- TASK STATEMENT
Scan the material for the word "ВОЛС" and copy each line where it occurs.

- RECORDS TO PROCESS
________________________

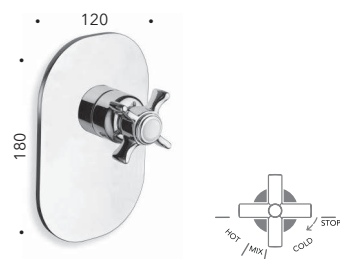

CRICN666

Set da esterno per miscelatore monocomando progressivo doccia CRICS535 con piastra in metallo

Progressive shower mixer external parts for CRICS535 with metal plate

________________________

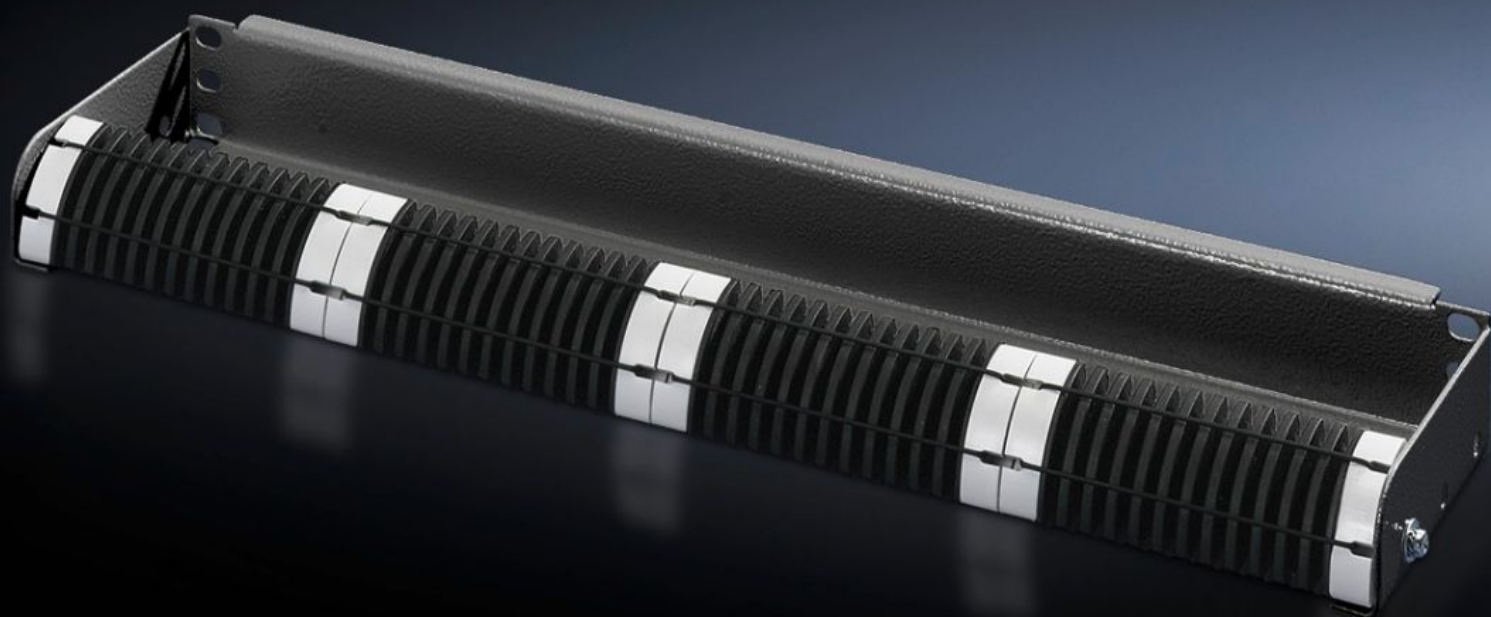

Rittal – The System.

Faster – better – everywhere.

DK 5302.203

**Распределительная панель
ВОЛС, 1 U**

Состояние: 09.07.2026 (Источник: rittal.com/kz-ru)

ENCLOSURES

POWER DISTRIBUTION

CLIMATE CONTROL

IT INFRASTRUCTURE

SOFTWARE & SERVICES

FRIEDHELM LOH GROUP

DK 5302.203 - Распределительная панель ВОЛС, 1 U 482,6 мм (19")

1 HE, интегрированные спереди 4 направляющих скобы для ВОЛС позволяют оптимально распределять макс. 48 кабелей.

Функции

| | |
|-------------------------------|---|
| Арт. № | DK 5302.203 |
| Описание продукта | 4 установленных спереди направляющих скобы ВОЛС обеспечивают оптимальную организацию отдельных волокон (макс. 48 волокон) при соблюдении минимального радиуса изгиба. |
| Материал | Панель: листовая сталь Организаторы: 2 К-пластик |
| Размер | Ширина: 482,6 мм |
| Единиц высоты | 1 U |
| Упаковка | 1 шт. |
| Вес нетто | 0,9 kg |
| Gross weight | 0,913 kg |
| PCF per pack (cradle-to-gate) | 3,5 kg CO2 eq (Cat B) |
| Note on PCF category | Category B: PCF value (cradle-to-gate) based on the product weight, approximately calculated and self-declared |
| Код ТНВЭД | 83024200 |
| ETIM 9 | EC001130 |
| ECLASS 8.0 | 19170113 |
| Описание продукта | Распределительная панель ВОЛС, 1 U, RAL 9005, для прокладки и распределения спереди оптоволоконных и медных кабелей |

________________________

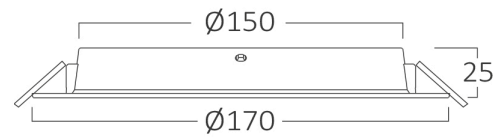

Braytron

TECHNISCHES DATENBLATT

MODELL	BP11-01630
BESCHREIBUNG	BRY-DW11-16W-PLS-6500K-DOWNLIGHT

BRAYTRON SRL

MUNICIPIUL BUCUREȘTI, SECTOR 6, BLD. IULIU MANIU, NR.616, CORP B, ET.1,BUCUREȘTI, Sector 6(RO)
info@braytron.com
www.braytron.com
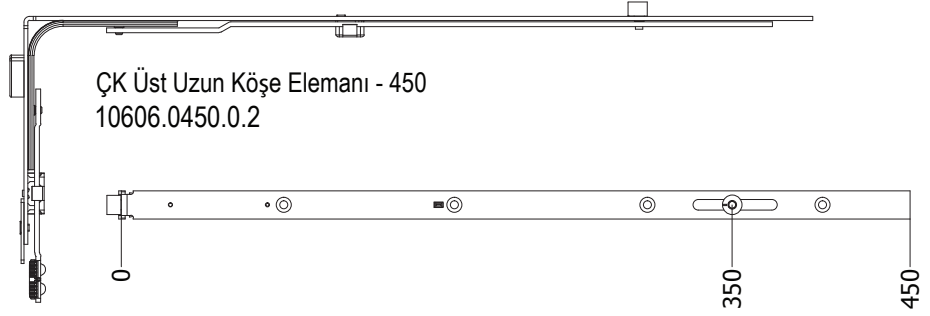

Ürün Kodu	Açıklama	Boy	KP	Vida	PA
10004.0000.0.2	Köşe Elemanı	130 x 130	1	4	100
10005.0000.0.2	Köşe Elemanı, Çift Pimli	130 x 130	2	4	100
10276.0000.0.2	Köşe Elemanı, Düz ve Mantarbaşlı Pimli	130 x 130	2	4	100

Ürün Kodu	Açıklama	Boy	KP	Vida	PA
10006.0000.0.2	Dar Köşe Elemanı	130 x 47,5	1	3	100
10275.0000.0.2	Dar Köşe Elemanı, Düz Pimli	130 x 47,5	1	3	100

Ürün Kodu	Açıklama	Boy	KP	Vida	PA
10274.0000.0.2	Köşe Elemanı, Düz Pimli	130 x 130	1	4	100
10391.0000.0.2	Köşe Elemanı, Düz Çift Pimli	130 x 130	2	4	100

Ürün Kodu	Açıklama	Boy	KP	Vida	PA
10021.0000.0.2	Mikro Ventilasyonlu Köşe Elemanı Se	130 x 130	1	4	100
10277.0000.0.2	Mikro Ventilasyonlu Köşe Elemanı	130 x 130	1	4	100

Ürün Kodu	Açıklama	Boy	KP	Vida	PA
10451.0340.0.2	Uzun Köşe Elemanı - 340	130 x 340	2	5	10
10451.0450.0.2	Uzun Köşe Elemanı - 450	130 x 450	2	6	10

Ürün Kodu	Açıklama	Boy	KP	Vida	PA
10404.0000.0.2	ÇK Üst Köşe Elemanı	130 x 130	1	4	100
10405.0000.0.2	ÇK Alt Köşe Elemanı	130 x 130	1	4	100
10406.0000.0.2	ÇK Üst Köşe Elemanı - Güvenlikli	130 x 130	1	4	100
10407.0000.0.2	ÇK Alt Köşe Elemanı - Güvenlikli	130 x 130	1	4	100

________________________

- SOLUTION FOR THIS TASK
ВОЛС, 1 U**
DK 5302.203 - Распределительная панель ВОЛС, 1 U 482,6 мм (19")
1 HE, интегрированные спереди 4 направляющих скобы для ВОЛС позволяют оптимально распределять макс. 48 кабелей.
| Описание продукта | 4 установленных спереди направляющих скобы ВОЛС обеспечивают оптимальную организацию отдельных волокон (макс. 48 волокон) при соблюдении минимального радиуса изгиба. |
| Описание продукта | Распределительная панель ВОЛС, 1 U, RAL 9005, для прокладки и распределения спереди оптоволоконных и медных кабелей |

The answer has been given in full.